Patients who preferred therapy:

Treatment received Remission rate Avg. depression score (HAM-D) at end of study
Meds 7.7% 18.3
Therapy 50.0% 12.1

(original HAM-D scores were approximately 26-27 for all patients, constituting major depression, and patients in this study had been depressed for over two years)

Thus, if a depressed patient wanted therapy but got medications instead, their chances of “remitting” (ie, having a fully therapeutic response to nefazodone) were less than 1 in 12.  But if they did get therapy, those chances improved to 1 in 2.  Interestingly, patients who preferred therapy and got combination treatment (meds and therapy) actually did worse than with therapy alone (remission rate was only 38.9%), leading the authors to conclude that “few patients who stated a preference for psychotherapy benefited much from the addition of medication.”

It’s not surprising, at first glance, that people who “get what they want” do better.  After all, a depressed patient who insists on taking meds probably won’t get much better if he’s dragged into psychotherapy against his will, and the patient who believes that a weekly session with a therapist is exactly what she needs, will probably have some resistance to just getting a pill.

But then again, isn’t depression supposed to be a hard-wired biological illness?  Shouldn’t a medication have a more profound effect, regardless of whether the patient “wants” it or not?

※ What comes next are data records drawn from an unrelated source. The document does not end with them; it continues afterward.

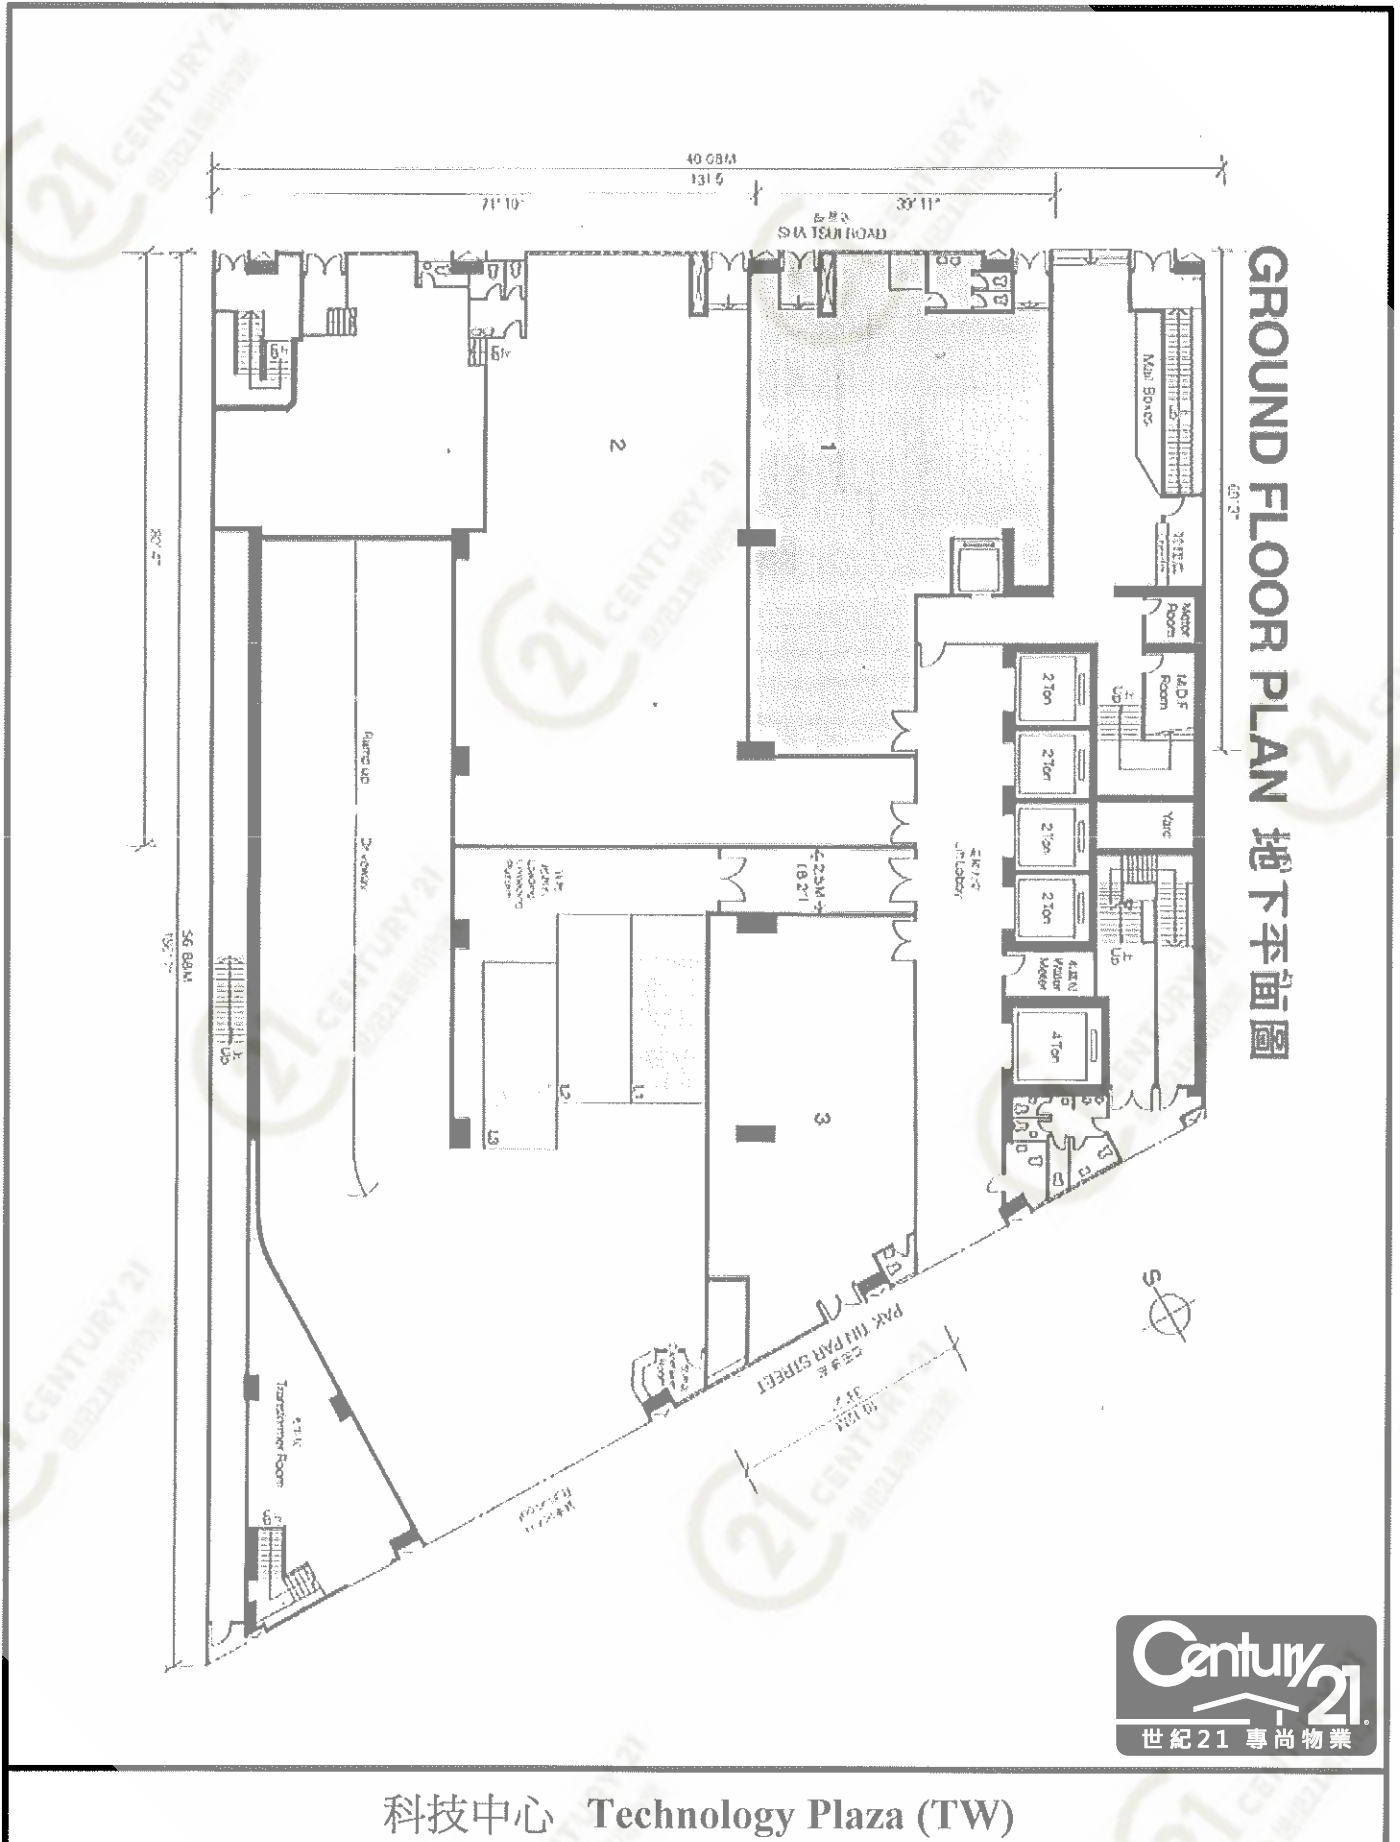

科技中心 Technology Plaza (TW)

NOT TO SCALE, FOR IDENTIFICATION PURPOSE ONLY
圖中所有數據比例，一概只作參考之用

7TH - 27TH FLOOR PLAN 七至廿七樓平面圖

科技中心 Technology Plaza (TW)

NOT TO SCALE, FOR IDENTIFICATION PURPOSE ONLY
圖中所有數據比例，一概只作參考之用

1ST BASEMENT PLAN 地庫一層平面圖

科技中心 Technology Plaza (TW)

NOT TO SCALE, FOR IDENTIFICATION PURPOSE ONLY
圖中所有數據比例，一概只作參考之用

2ND BASEMENT PLAN 地庫二層平面圖

科技中心 Technology Plaza (TW)

NOT TO SCALE, FOR IDENTIFICATION PURPOSE ONLY

圖中所有數據比例，一概只作參考之用

平面圖

Floor Plan

科技中心 Technology Plaza (TW)

NOT TO SCALE, FOR IDENTIFICATION PURPOSE ONLY

圖中所有數據比例，一概只作參考之用

科技中心 Technology Plaza (TW)

NOT TO SCALE, FOR IDENTIFICATION PURPOSE ONLY

圖中所有數據比例，一概只作參考之用

科技中心 Technology Plaza (TW)

NOT TO SCALE, FOR IDENTIFICATION PURPOSE ONLY

圖中所有數據比例，一概只作參考之用

Apparently not.  The fact that people responded to the treatment they preferred means one of two things.  There may be two different types of depression, one that’s biological and one that’s more behavioral or “exogenous,” and people just happen to choose the appropriate treatment for their type due to some predisposition or innate tendency (self-knowledge?).  Alternatively, the “biological” basis of depression is not all it’s cracked up to be.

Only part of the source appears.